[Stored entries]
- - - - - - -

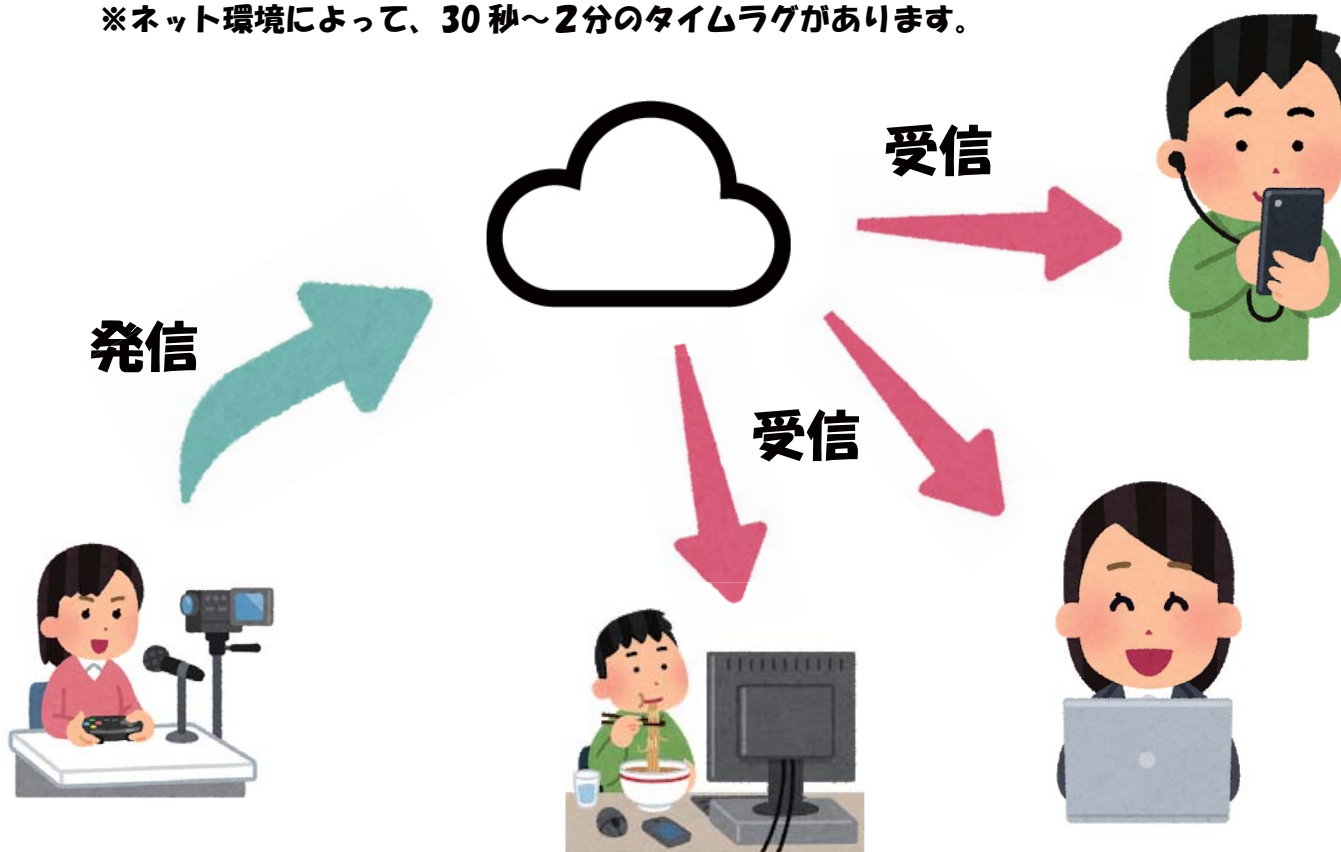

リモート配信を始めませんか？

新家商会に
お任せ下さい！

コロナ禍でソーシャルディスタンスの保持がいられています。
この機会に、リモート配信を始めてみませんか？

YouTube や ZOOM 等を使用する方法…

※ネット環境によって、30秒～2分のタイムラグがあります。

使用方法によって、学業での使用（授業や参観日、懇談、発表会等）
やお墓参りや法事等、営業でも使用できます！

導入例

使用機材

- - - - - - -

Quote exactly and only the lines from the one holding "YouTube や ZOOM 等を使用する方法…" through the end of the data.

YouTube や ZOOM 等を使用する方法…

※ネット環境によって、30秒～2分のタイムラグがあります。

使用方法によって、学業での使用（授業や参観日、懇談、発表会等）
やお墓参りや法事等、営業でも使用できます！

導入例

使用機材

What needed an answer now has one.